Данные о развитии и жизни ребенка и его играх на ранних ступенях развития общества чрезвычайно бедны. Никто из этнографов вообще не ставил себе задачей такое исследование. Лишь в 30-е годы нашего века появились специальные исследования Маргарет Мид, посвященные детям племен Новой Гвинеи, в которых имеются материалы об образе жизни детей и их играх. Однако работы этой исследовательницы были посвящены некоторым специальным вопросам (о детском онанизме, половом созревании в условиях общества, стоящего на относительно низкой ступени развития и т. п.), что, естественно, определяло отбор материалов.

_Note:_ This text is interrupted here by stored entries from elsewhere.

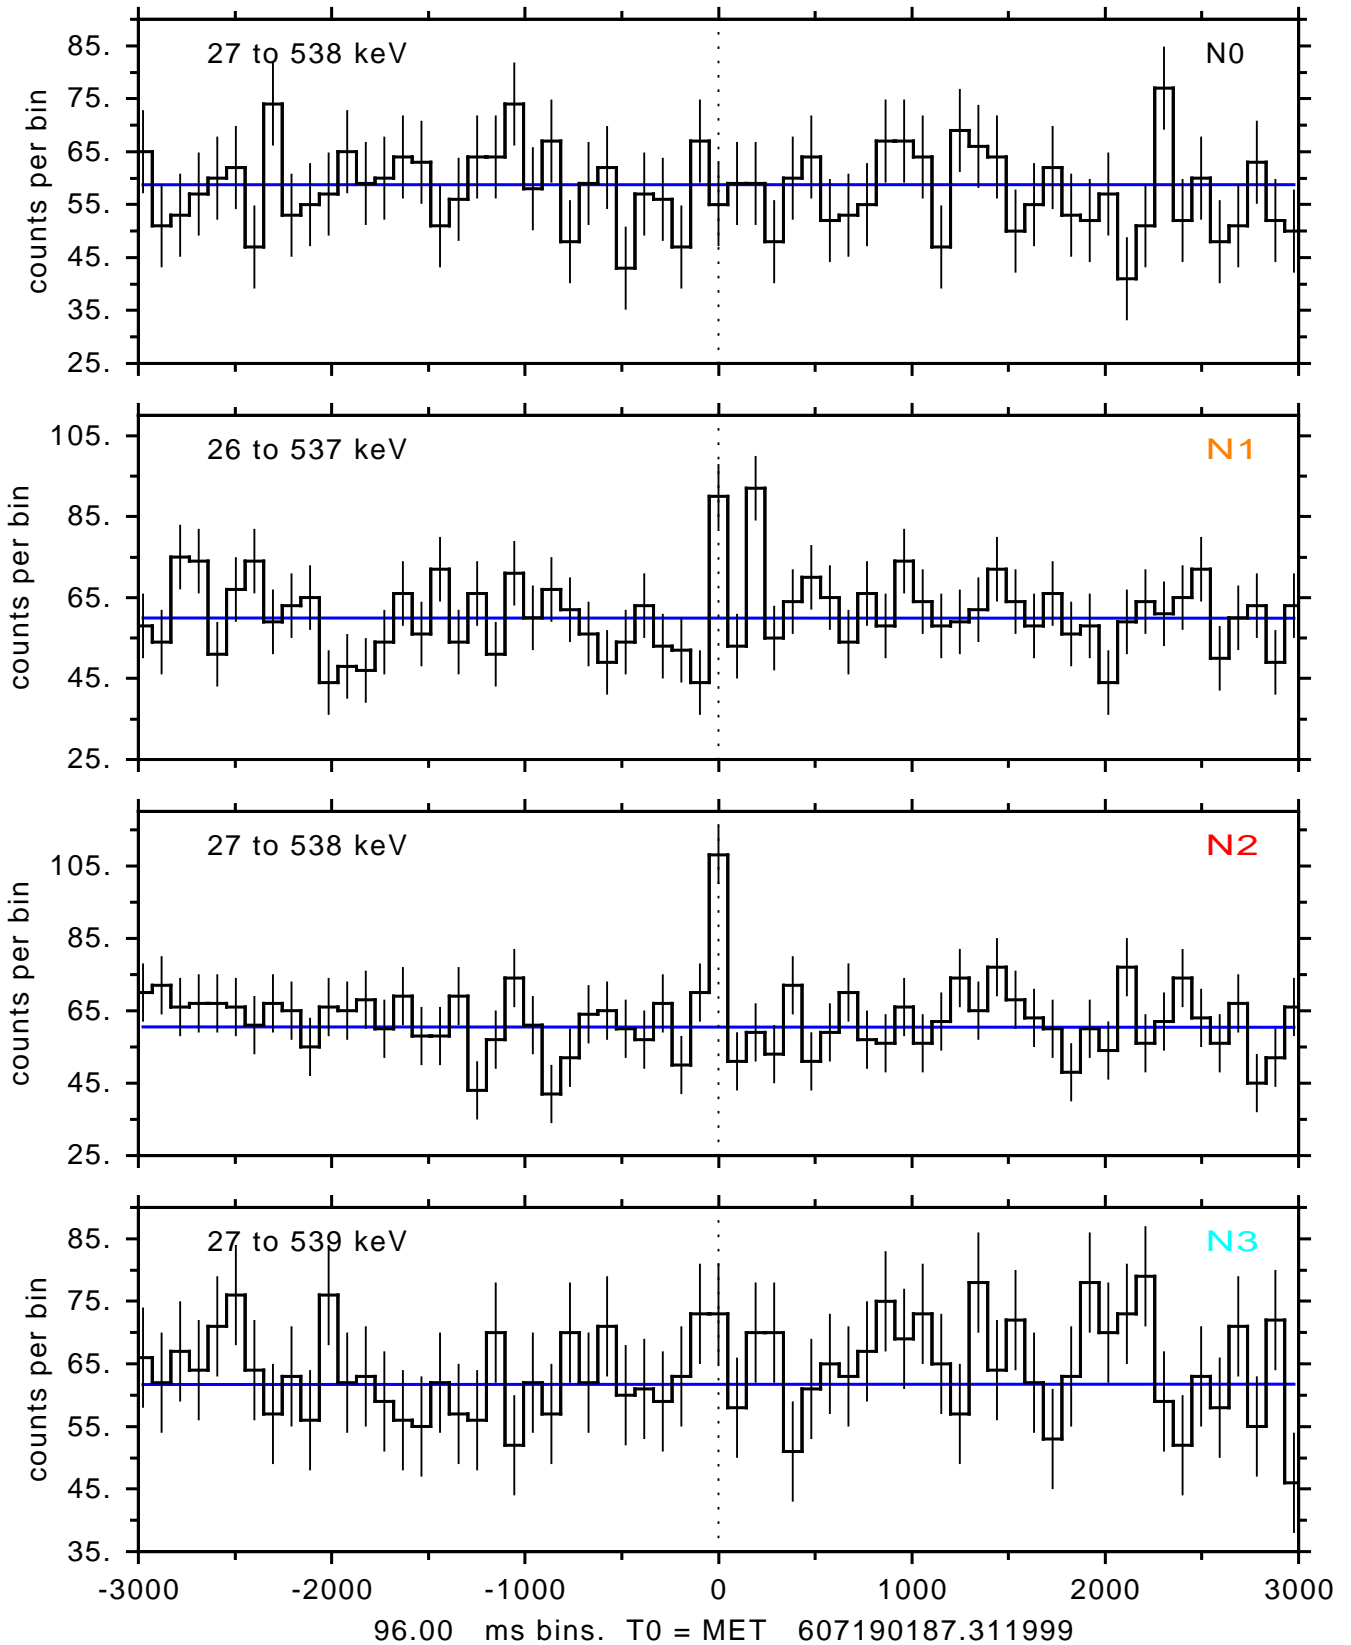

sGRB ver 116b of 2020 Feb 14 run on 2020-03-29 13:30:30

T0 = 607190187.311999 = 2020-03-29 15:56:22.312000

Algr: 1: P01 of F0001: glg_tte_b0_200329_15z_v00

sGRB ver 116b of 2020 Feb 14 run on 2020-03-29 13:30:30
T0 = 607190187.311999 = 2020-03-29 15:56:22.312000
Algr: 1: P01 of F0001: glg_tte_b0_200329_15z_v00

Данные, которые разбросаны по бесчисленным этнографическим, антропологическим и географическим описаниям, чрезвычайно схематичны и фрагментарны. В одних имеются указания на образ жизни детей, но нет никаких указаний на их игры; в других, наоборот, рассказывается только об играх. В некоторых исследованиях настолько явно проведена колонизаторская точка зрения, в угоду которой исследователи всячески пытались принизить уровень умственного развития детей угнетенных народов, что эти данные не могут считаться сколько-нибудь достоверными. Соотнесение имеющихся материалов о детях с жизнью общества также затруднено, так как часто трудно определить, на какой ступени общественного развития находилось в период описания то или иное племя, род, община. Трудности усугубляются еще и тем, что, находясь приблизительно на одном уровне общественного развития, они могут жить в совершенно различных условиях, и эти условия, в свою очередь, несомненно оказывают воздействие на жизнь детей в обществе, их место среди взрослых, а тем самым и на характер их игр.

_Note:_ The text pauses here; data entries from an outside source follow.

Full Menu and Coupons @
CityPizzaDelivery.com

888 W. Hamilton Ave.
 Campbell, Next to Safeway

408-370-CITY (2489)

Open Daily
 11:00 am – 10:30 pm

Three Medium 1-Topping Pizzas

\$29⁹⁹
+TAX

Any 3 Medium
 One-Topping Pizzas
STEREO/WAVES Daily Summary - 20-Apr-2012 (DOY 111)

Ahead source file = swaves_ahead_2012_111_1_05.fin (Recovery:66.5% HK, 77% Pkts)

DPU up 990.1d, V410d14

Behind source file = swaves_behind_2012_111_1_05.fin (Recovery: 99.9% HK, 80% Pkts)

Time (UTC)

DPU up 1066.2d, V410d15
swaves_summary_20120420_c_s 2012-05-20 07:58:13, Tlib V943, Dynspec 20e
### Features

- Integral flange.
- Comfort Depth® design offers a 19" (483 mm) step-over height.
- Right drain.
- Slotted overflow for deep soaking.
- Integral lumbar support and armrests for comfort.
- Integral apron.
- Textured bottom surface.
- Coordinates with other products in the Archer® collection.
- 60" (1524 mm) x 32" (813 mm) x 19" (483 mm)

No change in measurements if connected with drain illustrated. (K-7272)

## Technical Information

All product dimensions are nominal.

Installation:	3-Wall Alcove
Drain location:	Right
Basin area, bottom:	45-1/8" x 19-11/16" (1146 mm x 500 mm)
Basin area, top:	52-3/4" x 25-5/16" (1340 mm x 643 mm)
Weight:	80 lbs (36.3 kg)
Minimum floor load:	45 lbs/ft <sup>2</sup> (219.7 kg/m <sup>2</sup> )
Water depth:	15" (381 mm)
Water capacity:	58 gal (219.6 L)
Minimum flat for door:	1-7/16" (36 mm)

В отношении ранних периодов развития человеческого общества М. О. Косвен пишет: «Не может быть и речи о действительном приближении к исходному пункту развития человечества или, как выражаются, к нулевой точке человеческой культуры. Здесь возможны лишь более или менее допустимые гипотезы, более или менее удачные приближения к скрытой от нас навсегда загадке нашего прошлого» (1927, с. 5). Еще в большей мере это относится к исследованию ребенка и его жизни в условиях первобытного общества.

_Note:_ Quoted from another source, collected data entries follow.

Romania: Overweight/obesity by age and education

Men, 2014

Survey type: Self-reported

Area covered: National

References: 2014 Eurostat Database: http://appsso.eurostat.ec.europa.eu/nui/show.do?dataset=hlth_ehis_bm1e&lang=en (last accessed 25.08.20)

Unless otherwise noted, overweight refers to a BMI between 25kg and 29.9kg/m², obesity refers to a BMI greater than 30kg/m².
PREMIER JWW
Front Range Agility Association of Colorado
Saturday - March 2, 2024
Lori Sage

Наша задача заключается в том, чтобы ответить пусть гипотетически, хотя бы на два вопроса. Во-первых, всегда ли существовала ролевая игра, или был такой период в жизни общества, когда этой формы игры у детей не существовало; во-вторых, с какими изменениями в жизни общества и положением ребенка в обществе может быть связано появление ролевой игры.
Мы не можем непосредственно проследить процесс возникновения ролевой игры. Имеющиеся очень скупые данные позволяют наметить лишь в самых общих чертах гипотезу о возникновении ролевой игры; установить, и то лишь приблизительно, исторические условия, при которых появилась потребность в этой своеобразной форме жизни ребенка в обществе. В нашем исследовании мы далеко не исчерпали всех имеющихся материалов и приводим только те из них, которые достаточны для формулирования нашего предположения, оставляя в стороне все их многообразие.
Вопрос об историческом возникновении игры тесно связан с характером воспитания подрастающих поколений в обществах, стоящих на низших уровнях развития производства и культуры. Р. Алт (R. Alt, 1956) на основании обширных материалов указывает на наличие исходного единства трудовой деятельности и воспитания, то есть на невыделенность воспитания в качестве специальной общественной функции. По его мнению, для воспитания детей на ранних ступенях развития общества характерны следующие черты: во-первых, одинаковое воспитание всех детей и участие всех членов общества в воспитании каждого ребенка; во-вторых, всесторонность воспитания — каждый ребенок должен уметь делать все, что умеют делать взрослые, и принимать участие во всех сторонах жизни общества, членом которого он является; в-третьих, кратковременность периода воспитания — дети уже в раннем возрасте знают все задачи, которые ставит жизнь, они рано становятся независимыми от взрослых, их развитие заканчивается раньше, чем на более поздних ступенях общественного развития.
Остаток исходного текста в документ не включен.